Navigating this dilemma requires pragmatic diplomacy rather than political endorsement. Bangladesh will likely need to engage multiple actors, including the military authorities where necessary, ethnic stakeholders in Rakhine, ASEAN members, China, India and the United Nations, to keep open every possible pathway towards safe returns. In such circumstances, diplomacy should be judged not by symbolism but by whether it advances the interests of displaced Rohingya and regional stability.

The broader regional context underscores the need for a diplomatic reset. Prime Minister Tarique Rahman's recent engagement with China may provide an opportunity to reinvigorate these efforts, as Beijing remains Myanmar's most influential partner and maintains channels with both the military authorities and actors in Rakhine. Bangladesh should encourage China to use its unique leverage in pursuit of these objectives. With SAARC effectively dormant and the Bay of Bengal becoming increasingly central to regional geopolitics, Bangladesh has sought stronger engagement with ASEAN. Although full membership remains uncertain, closer institutional cooperation could provide additional diplomatic platforms for addressing the Rohingya crisis as a regional rather than solely bilateral challenge.

The next commemoration of the Rohingya mass exodus should not become another anniversary marked only by appeals for humanitarian funding. It should be a moment to rethink the political framework underpinning the response. Humanitarian assistance remains essential, but humanitarianism cannot substitute for political strategy. A forward-looking strategy must consider the de facto transformation of what were once temporary camps into permanent settlements, the Rohingyas' ongoing need for protection and support, and their right to a future, as well as the complex security challenges in the Bangladesh-Myanmar borderland.
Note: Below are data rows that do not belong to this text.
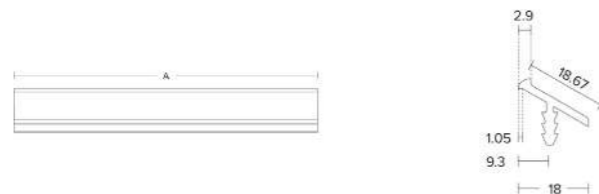

1005

Λαβή Επίπλου / Furniture Handle

ΤΕΛΙΚΟ ΠΡΟΪΟΝ | END PRODUCT

A	ΒΕΡΓΑ | ROD
297 mm	3000 mm
347 mm	
397 mm	
447 mm	
497 mm	
597 mm	
897 mm	
1197 mm	

✓ INOXPL | BLM | AL IRAL   ✓ INOXPL | BLM | AL IRAL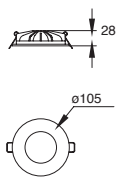

CÁLIDA

NEUTRA

ETC-0175-BLA
ETC-0215-BLA

Downlight Redondo Fijo 4" Blanco Driver incluido 3000K 4000K

6.5W

Material Aluminio LED SMD 6.5W 890lm 100-240V~ 50-60Hz Ø105*28mm IP44

CÁLIDA

NEUTRA

ETC-0176-BLA
ETC-0216-BLA

Downlight Redondo Fijo 4" Blanco Driver incluido 3000K 4000K

9W

Material Aluminio LED SMD 9W 1150lm 100-240V~ 50-60Hz Ø105*28mm IP44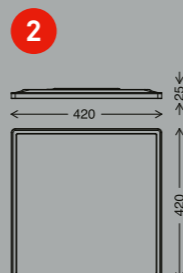

BACK
LIGHT
EFFECT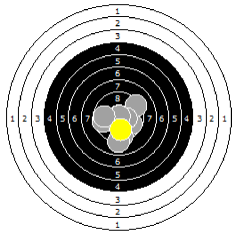

Francesco Rovere
am **28.05.11**

8

Statistik

Schusswert IZ	10	9	8	7	6	5	4	3	2	1	0	Gesamt (Ganze Ringe): 372
Anzahl	12	17	18	5	0	0	0	0	0	0	0	Gesamt (Zehntel Ringe): 391,9

Serie 1

Volle Ringe	9	8	10	10	9	9	10	10	10	9	94 Ringe
Zehntel	9,7	8,6	10,4	10,3	9,9	9,8	10,1	10,2	10	9,7	98,7 Ringe
Teiler	306,6	578,2	139,3	152,4	268,7	281,4	201,3	187,7	229,2	316,3	-
Innenzehner			X	X				X			Anzahl: 3

Serie 2

Volle Ringe	9	10	9	9	9	10	9	10	9	9	93 Ringe
Zehntel	9,8	10,5	9,4	9	9,3	10,3	9,7	10,9	9,8	9,9	98,6 Ringe
Teiler	290,3	118,2	384,8	490	416,6	155,9	320	24	288,2	254,7	-
Innenzehner		X				X		X			Anzahl: 3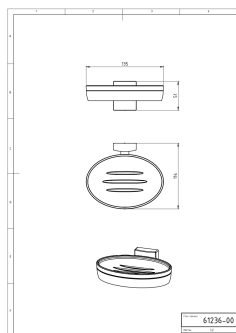

OBRÁZEK

PIKTOGRAM

VLASTNOSTI PRODUKTU

- Typ ovládacího prvku: 25
- Šířka výrobku [mm]: 135
- Hloubka krabice [mm]: 55
- Šířka krabice [mm]: 130
- Výška krabice [mm]: 190
- Provedení: chrom

TECHNICKÝ VÝKRES

SPECIFIKACE

- Výška výrobku [mm]: 51
- EAN: 8590309032106
- Intrastat: 70139900
- Hmotnost brutto [kg]: 0,55
- Hloubka výrobku [mm]: 114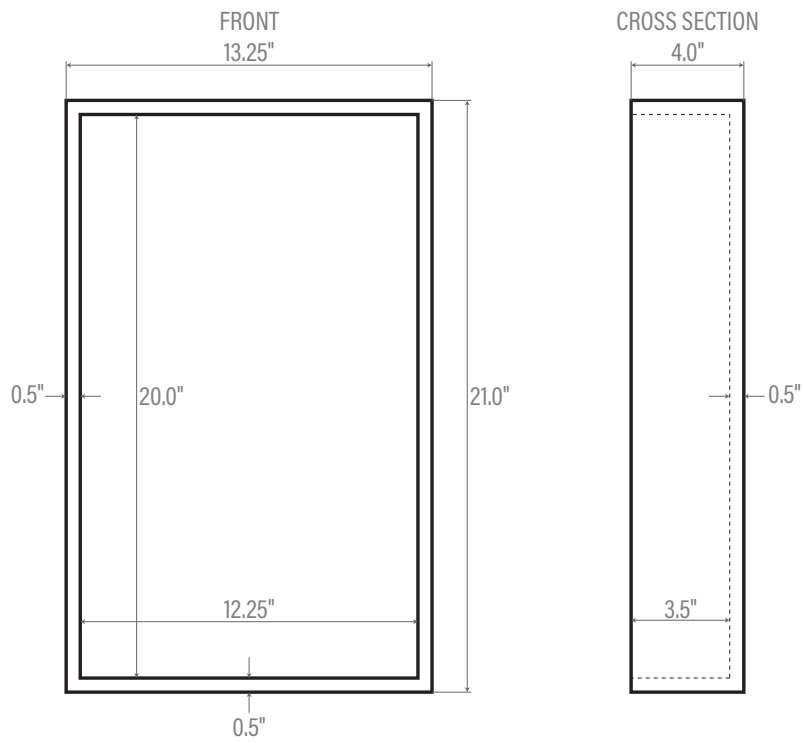

12 mm PVC Niche 10x13
CN-1013PVC

12 mm PVC Niche 12x12
CN-1212PVC

12 mm PVC Niche 13x17
CN-1317PVC

12 mm PVC Niche 13x21
CN-1321PVC

12 mm PVC Niche 13x21 w/ Fixed Shelf
CN-1321PVC-Fixed

12 mm PVC Niche 13x21 w/ Adjustable Shelf
CN-1321PVC-AS

12 mm PVC Niche 13x13
CN-1313PVC

12 mm PVC Niche 14x14
CN-1414PVC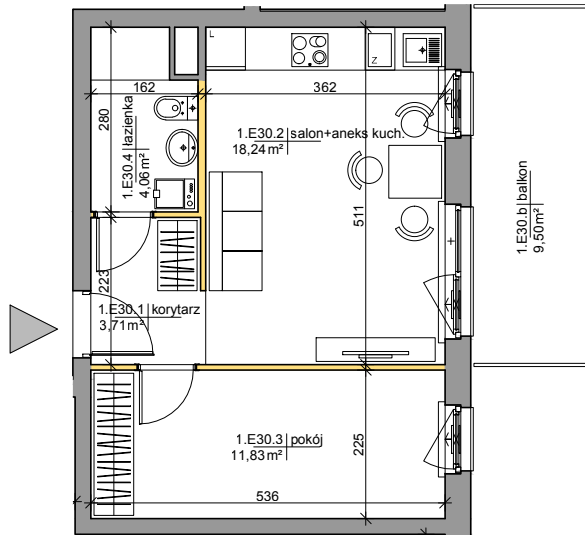

Mińska 63, Warszawa Syrena Invest

MIŃSKA
63

0 0,5 1 2m
skala

Syrena Invest

Syrena III Sp. z o.o.
ul. Zajęcza 15
00-351 Warszawa
sprzedaz@minska63.pl
www.minska63.pl

ulica Mińska

nr mieszkania:

E30

powierzchnia
mieszkania: **39,03m²**

ilość pokoi:

2

powierzchnia
ogródka: **0m²**

piętro:

+4

powierzchnia
balkonu: **9,50m²**

klatka:

E

powierzchnia
tarasu: **0m²**

uwagi:

- powierzchnie liczone wg normy PN-ISO 9836:1997 (do powierzchni lokalu wliczono ściany działowe nadające się do demontażu);
- podane rozwiązania i powierzchnie mogą ulec zmianie;
- karta ma charakter informacyjny;

Dr Benjamin Etzold is Senior Researcher at bicc – Bonn International Centre for Conflict Studies, Germany, and has conducted multiple studies on protracted displacement situations in Bangladesh and other countries.

Dr Anas Ansar is Assistant Professor in the Department of Political Science and Sociology at North South University and Senior Researcher at the Arnold Bergstraesser Institute, University of Freiburg, Germany.